Beyond AWS, each cloud has its own services for which logs are generated. Applications, containers, microservices, compute nodes, and other components also generate logs, which add to the volume of data through which DevOps teams must sift to find meaningful insights.
Typical Cloud Services and Infrastructure Issues
While there are thousands of things that could go wrong within a cloud environment, the most typical cloud issues include the following:
- Cloud security and configuration management: Maintaining consistent configuration management across all of your cloud infrastructure can be a major challenge. In fact, hackers often exploit common cloud misconfigurations, which include using default credentials or accidentally exposing credentials, exposed ports or poorly secured S3 buckets, and more.
- Cloud availability and latency issues: Sometimes issues can occur on the user’s side, and other times, server-side issues may cause latency and availability issues for public cloud services.
- Cloud application performance issues: Cloud applications can be delayed or fail for a number of reasons, including how they’re built and configured, poor database performance, or the cloud computing services themselves.

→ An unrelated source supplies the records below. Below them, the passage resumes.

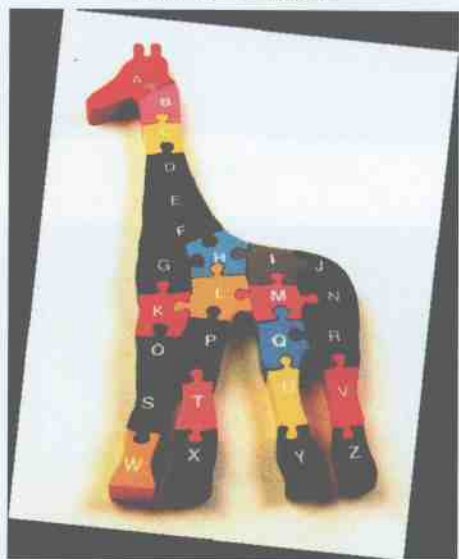

彩图1 彩色铅笔绘制的绒毛玩具设计草图(裘菊艳)

彩图2 玩具产品设计效果图(裘菊艳)

彩图3 CAD玩具产品设计效果图(高永彬)

彩图4 CAD木制玩具立体设计效果图(云和半球)

彩图5 三维数字化仪“威力手”

彩图6 “威力手”利用 Maya 设计制作的汽车模型

彩图7 雪佛兰仿真童车

彩图8 三轮摩托车仿真童车

彩图9 婴儿学步车

彩图10 儿童三轮车

彩图 11 四轮推车

彩图 12 三轮推车

彩图 13 同类产品的配色设计 (云和半球)

彩图 14 色彩分割的配色设计 (云和半球)

彩图 15 同造型、同型号系列玩具产品的配色 (云和半球)

彩图 16 同造型、不同型号系列玩具产品的配色（云和半球）

- Cloud cost issues: Many organizations face out-of-control cloud costs, due to the way in which they’re utilizing cloud resources. Sometimes unexpected surges or unattended projects can cause unexpected spikes in the next month’s cloud bill.
- Multicloud deployment issues: Organizations embracing a multicloud approach need to learn to do the same things differently across cloud platforms. Learning a new system can be a costly and error-prone process.
Troubleshooting these issues require different approaches, yet there are some common best practices that can be leveraged across the board.
Cloud Troubleshooting Best Practices
Once you know there’s a problem, there are important steps you must take to mitigate the risks of an issue persisting. Unlike navigating on-premises IT troubleshooting tasks, troubleshooting cloud infrastructure within the shared responsibility model of public cloud providers requires sharp communication skills with your provider on what you’ve done to fix the issue yourself. Google outlines typical cloud troubleshooting best practices for site reliability engineers (SREs), which include:
- Triage: Mitigate the impact if you can
- Examine: Gather observations and share them with your cloud provider or other team members
- Diagnose: Create a hypothesis that explains the observations
- Test and treat:
- Identify tests that may prove or disprove the hypothesis
- Execute the tests and agree on the meaning of the result
- Move on to the next hypothesis; repeat until solved
While working with a cloud provider on an issue means that you lose some element of control over the situation at hand, it’s critical to maintain a time-stamped record of troubleshooting steps you’ve taken so far, with screenshots and any relevant log snippets or other documentation attached.